President Trump said in September that he would ban flavored e-cigarettes. The Washington Post has since reported that he’s backed away from that.

Blumenthal said that nothing has come of Trump’s September promise and that he doesn’t expect any action from the White House after the Friday meeting.

Dr. Melanie Collins, a pediatric pulmonologist at Connecticut Children’s Medical Center, talked about the dangers of vaping products.

“One Juul pod is equivalent to a pack of cigarettes,” she said.

Dr. Melanie Collins, a pediatric pulmonologist, said that she and her colleagues at the Connecticut Children's Medical Center have seen children suffering from acute psychotic episodes and other symptoms related to nicotine exposure as a result of vaping.
Credit Frankie Graziano / Connecticut Public Radio

Collins said she and her colleagues have seen kids come in with acute psychotic episodes related vaping, as well as other nicotine-exposure symptoms.

“The flavoring that is used in Juul -- we know now from the study in pediatrics -- entices children to breathe it in more rapidly, so their product is not safe,” Collins said.

Citing numbers from the federal Centers for Disease Control and Prevention, Collins said the number of high school and middle school-age children using vaping devices has increased by 1,240% in the past six years.

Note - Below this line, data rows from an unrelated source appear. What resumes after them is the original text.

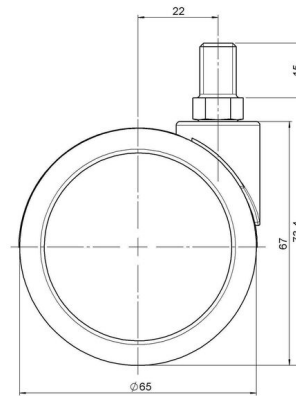

Standard D071

As of: May 23, 2026

Description	Model	Carton Quantity
DUK 71 - 2 X10	D071	150 pcs per Carton

Technical Details

Product Type	Furniture caster
Wheel diameter	65mm 2.56"
Load capacity	65kg 143 lbs.
Overall height with fixing	73,4mm
Wheel:	
Wheel type	Soft wheel
Wheel core / tread color	RAL 9005 Jet black / RAL 9005 Jet black
Housing:	
Housing form	unhooded, with neck diameter
Neck diameter	23mm
Housing material	High quality nylon
Housing color	RAL 9005 Jet black
Mobility concept	Freewheel
Fixing	M10x15mm Threaded stem
Description	DUK 71 - 2 X10

Fixings

Compatible with the following available fixings:

No-Noise™ Stem:

- 11x19.5mm with 11.4mm circlip
- 11x19.5mm with 11.6mm circlip

Push fit stems:

- 10x22mm with 10.3mm circlip
- 10x22mm with 10.5mm circlip
- 11x19.5mm with 11.4mm circlip
- 11x19.5mm with 11.8mm circlip
- 11x22mm with 11.4mm circlip
- 11x22mm with 11.6mm circlip
- 11x22mm with 11.8mm circlip
- 11x22mm with 11.8 banded K290 4A
- 11x26mm

Threaded stems:

- M8x15mm
- M8x20mm
- M8x25mm
- M10x15mm
- M10x20mm
- M10x25mm
- M10x30mm
- M10x40mm
- M12x20mm
- 5/16-18x1"
- 5/16-18x1/2"
- 3/8-16x1"
- 5/16-18x5/8"
- 3/8-16x1/2"
- 3/8-16x5/8"

Square plates:

- 38x38mm
- 55x55mm
- 60x60mm
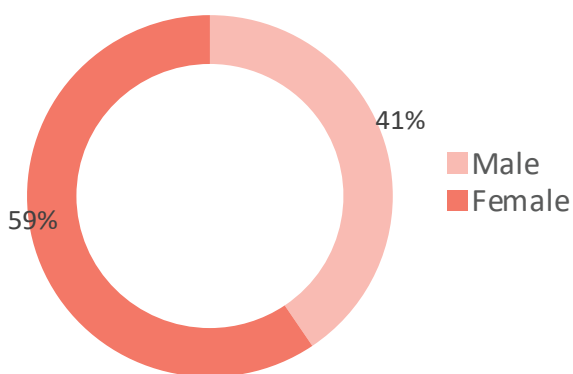

Affected Population:
1,078 Individuals

Damaged Shelters:
61

Casualties:
13

Movement Trigger:
Armed attacks

OVERVIEW

Nigeria's North Central and North West Zones are afflicted with a multidimensional crisis that is rooted in long-standing tensions between ethnic and religious groups and involves attacks by criminal groups and banditry/hirabah (such as kidnapping and grand larceny along major highways). The crisis has accelerated during the past years because of the intensification of attacks and has resulted in widespread displacement across the region.

Between 14 and 20 June 2021, armed clashes between herdsman and farmers, and bandits and local communities have led to new waves of population displacement. Following these events, rapid assessments were conducted by DTM (Displacement Tracking Matrix) field staff with the purpose of informing the humanitarian community and government partners, and enable targeted response. Flash reports utilise direct observation and a broad network of key informants to gather representative data and collect information on the number, profile and immediate needs of affected populations.

The latest attacks affected 1,078 individuals including 10 injuries and 13 fatalities in Agatu and Apa LGAs of Benue state and Faskari LGA of Katsina state. The attacks caused people to flee to neighbouring localities.

GENDER (FIG. 1)
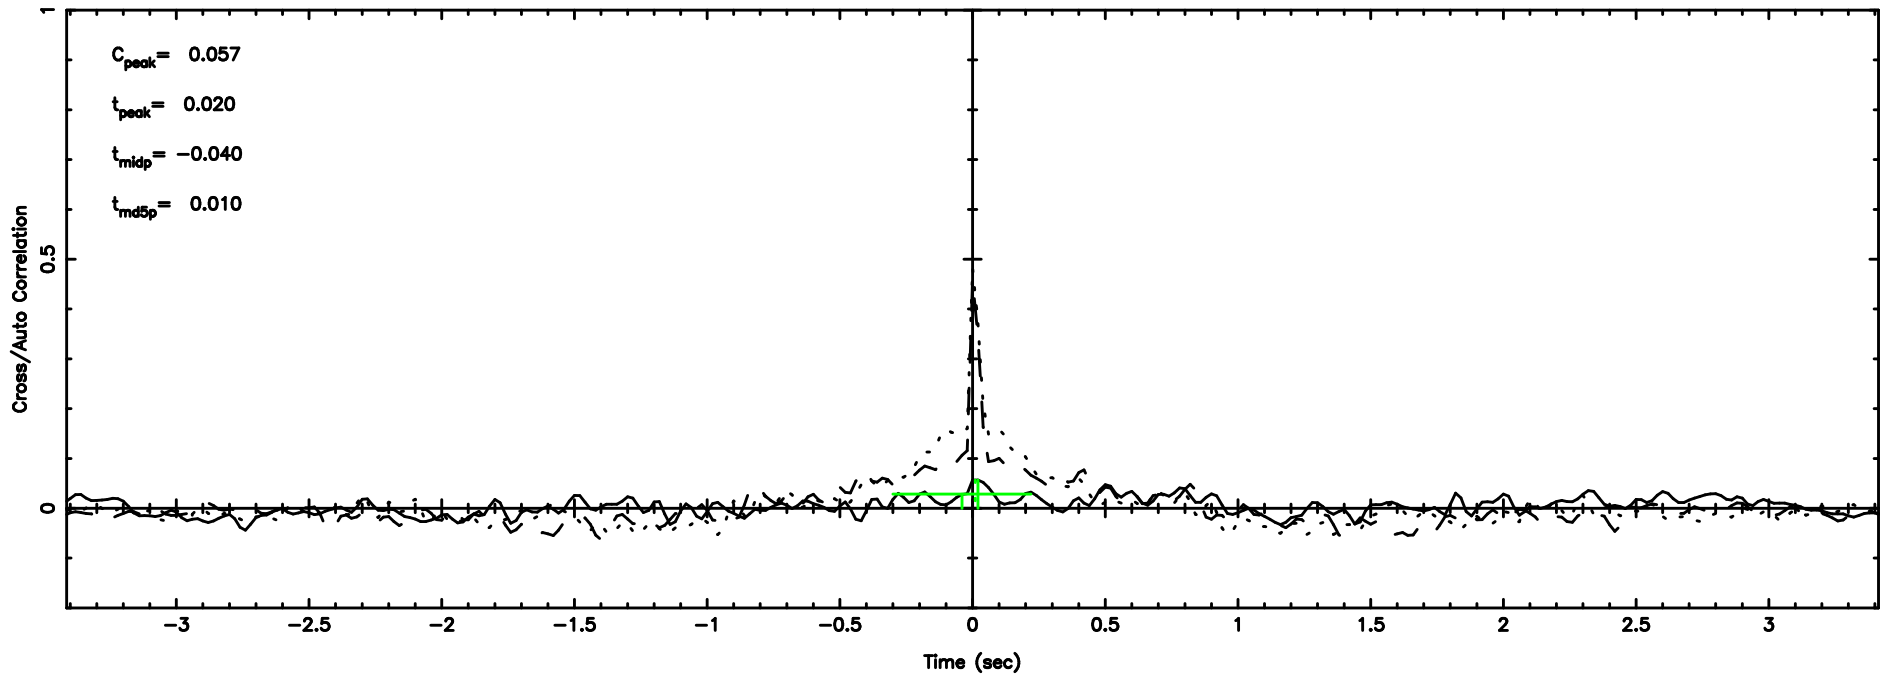

Frequency (Hz)

2344+09 2024/06/07 21.52UT FUJI -KISO
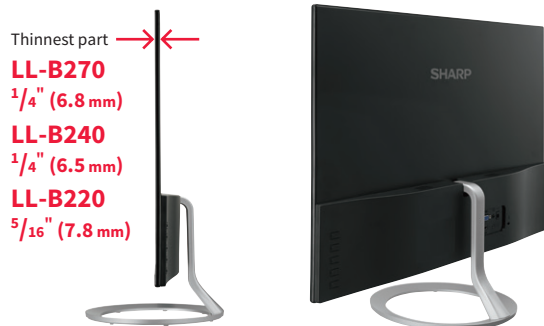

SHARP®

Be Original.

LL-B270 LL-B240 LL-B220

Desktop LCD Monitors

Maximizing On-Screen Space with Style

Slim and Elegant Design

LL-B270/B240/B220 desktop monitors come in three size options: 27" Class (27" diagonal), 24" Class (23.8" diagonal) and 22" Class (21.5" diagonal), respectively. With their slim bezel* and svelte profile, they offer space conscious solutions for any office desk. Integrated with the stylish round stand, the panel seems to float before your eyes. Even if you have several monitors set up, they won't dominate the space. Rather than the hardware, it's the on-screen content that you'll notice.

* LL-B270/B240: 1/16" (2 mm) right/left/top; LL-B220: 1/8" (2.5 mm) right/left, 1/8" (3 mm) top

Adjustable Blue Light

The displays' blue light output can be manually set to one of four levels. This lets you find the most comfortable light level for your eyes and enjoy more productive sessions in front of the screen.

Beautiful Images at Full HD

The LL-B270/B240/B220 supports full HD resolution at 1,920 × 1,080 pixels. Small text and fine lines are rendered precisely, and the wide-format display gives you plenty of screen space to help you work productively.
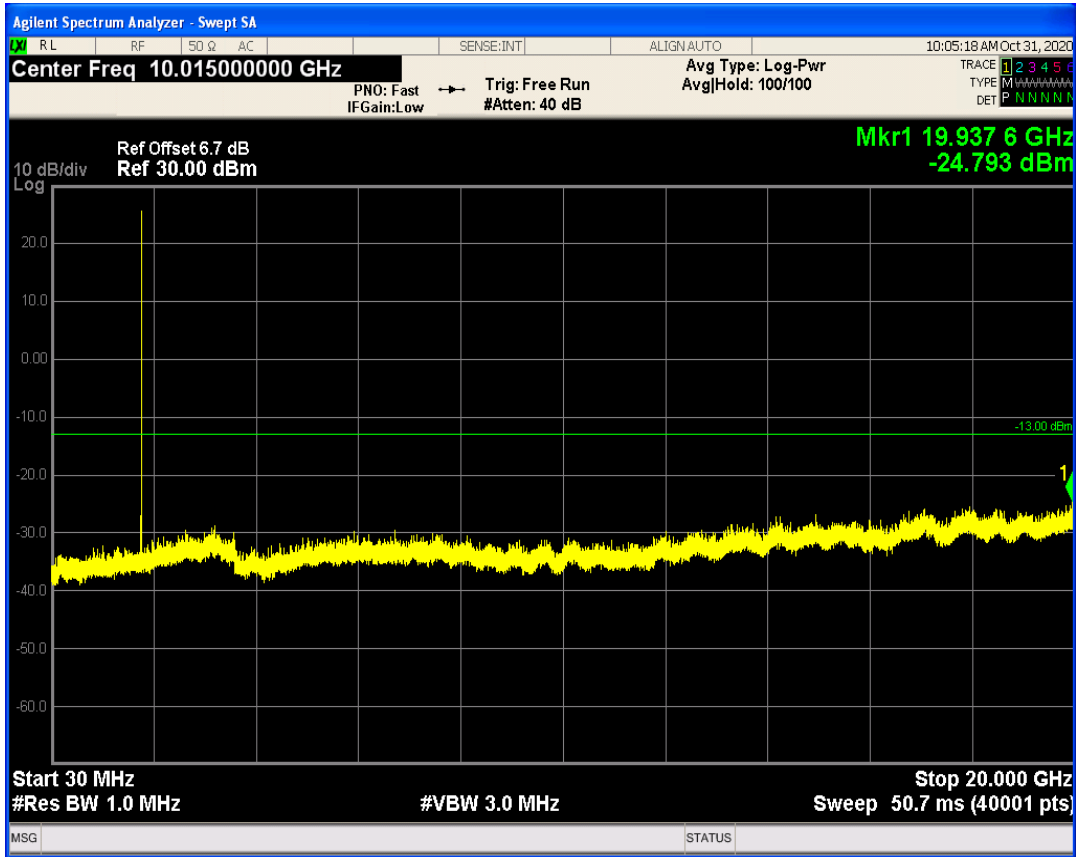

LTE Band5 QAM16 BW=10MHz Channel=20600 RB Size=1 Position=#0

LTE Band66 QPSK BW=1.4MHz Channel=131979 RB Size=1 Position=#0

LTE Band66 QPSK BW=1.4MHz Channel=131979 RB Size=6 Position=#0

LTE Band66 QAM16 BW=1.4MHz Channel=131979 RB Size=1 Position=#0

LTE Band66 QAM16 BW=1.4MHz Channel=131979 RB Size=6 Position=#0

LTE Band66 QPSK BW=1.4MHz Channel=132665 RB Size=6 Position=#0

LTE Band66 QPSK BW=1.4MHz Channel=132665 RB Size=1 Position=#0

LTE Band66 QAM16 BW=1.4MHz Channel=132665 RB Size=1 Position=#0

LTE Band66 QAM16 BW=1.4MHz Channel=132665 RB Size=6 Position=#0

LTE Band66 QPSK BW=3MHz Channel=131987 RB Size=1 Position=#0

LTE Band66 QPSK BW=3MHz Channel=131987 RB Size=15 Position=#0

LTE Band66 QAM16 BW=3MHz Channel=131987 RB Size=1 Position=#0
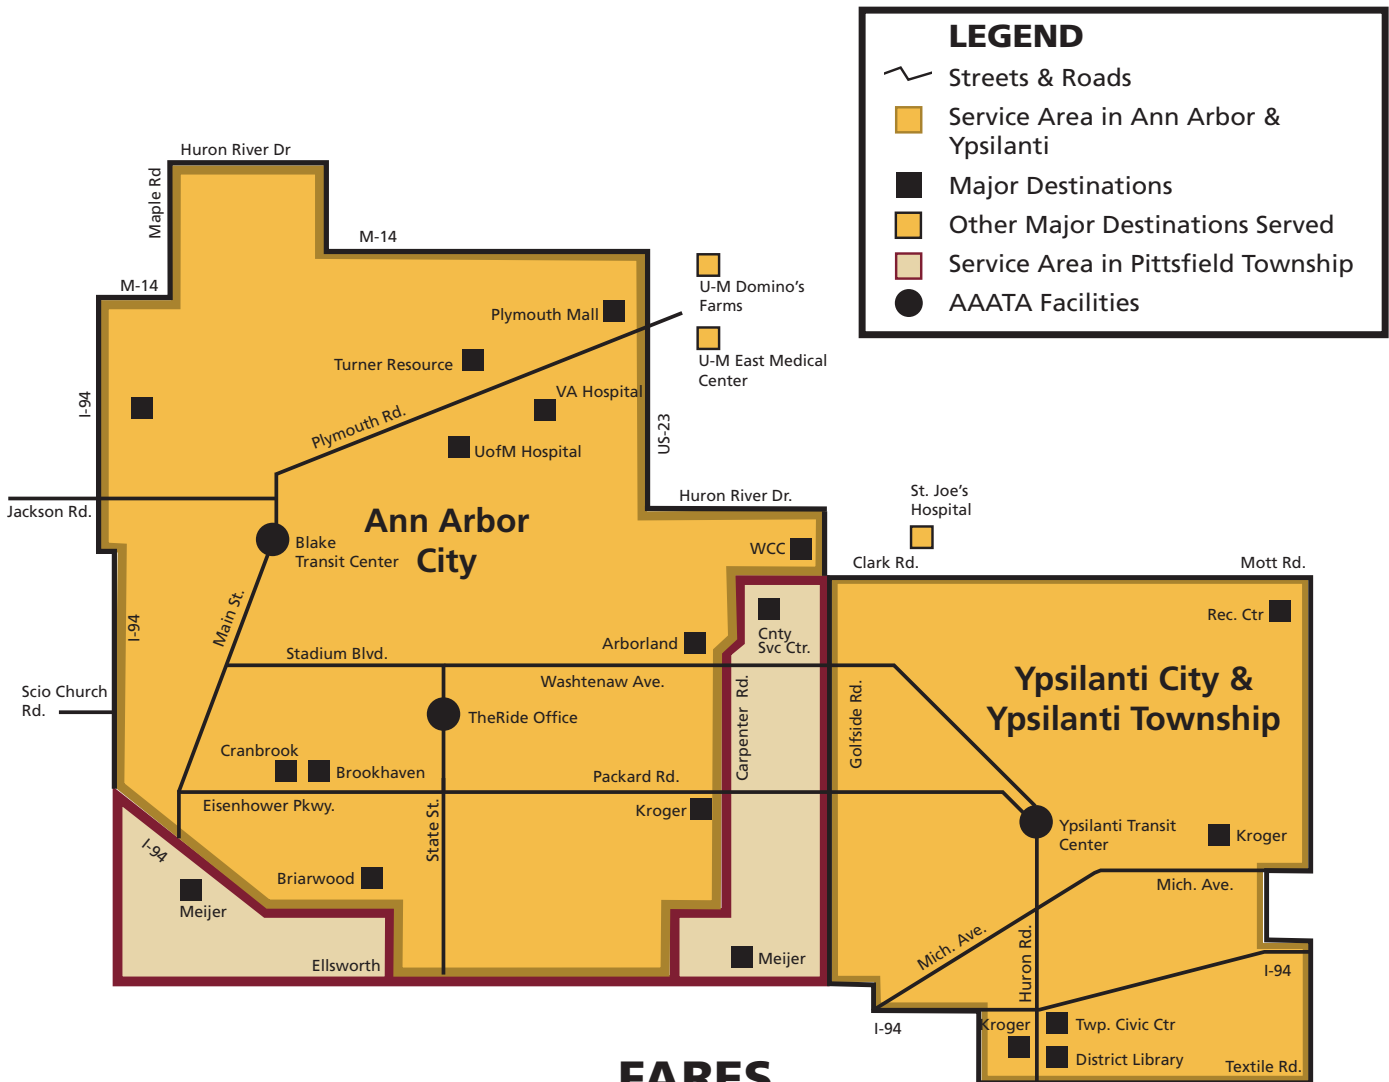

SENIOR SERVICES

GoldRide premium demand response service available in the City of Ann Arbor, a portion of Pittsfield Township, the City of Ypsilanti, and portions of Ypsilanti Township.

Persons ages 65 years of age or older are eligible to apply for and receive a GoldRide identification card. Individuals who are substantially limited from accessing the fixed-route bus service are encouraged to submit an application for ADA service. All GoldRide cardholders can travel for free on TheRide's fixed route service.

To apply for GoldRide, call 734-973-6500 for an application and more details.

FARES

Ride Type	Fares
Fixed Route Bus	Free
One-Way Trip	$20.00
Additional Passenger (Companion)	$5.00
Verified Low-Income Reduced Fare	$5.00
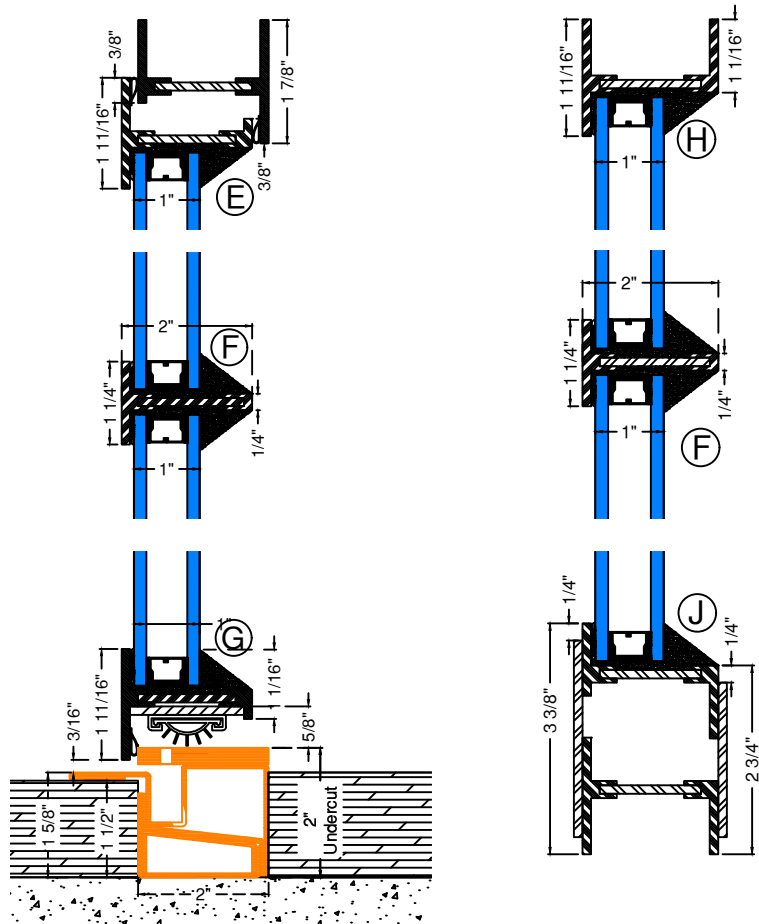

SPECIFICATIONS

ATB5300

IN-SWING SINGLE DOOR WITH SIDELITE
Carbon Steel (Optional Stainless Steel and Bronze)

Door Hinge: Adjustable Steel Post in Barrel w/Ball Bearings
Door Lock: Hoppe Multipoint System

Weather Strip:

Silicon Gasket 4-Point Contact, Black

Sill: Custom Bronze Weep, Bronze Patina

Frame Depth: 2"

Finish:

Thermally Bonded Galvanized
Primer 2 coats-Macroproxy Marine
Grade ASTM D4587,D5894
Finish Color 2 Coats-Polyurethane
Enamel

For Installation Flange Details-Refer to Installation Flange options

“Sixty-six percent of these students believe that they are only vaping flavored liquid, when in reality 99% of the flavored liquids contained nicotine -- a highly addictive substance that can impair normal brain development, as well as result in long-term cardiovascular impairment and poor lung health,” Collins said.

To keep children away from vaping, Blumenthal is calling on Trump to urge the federal Food and Drug Administration to ban all flavored e-cigarettes. He also would like to see camouflaged e-cigarette products like vaping hoodies eliminated.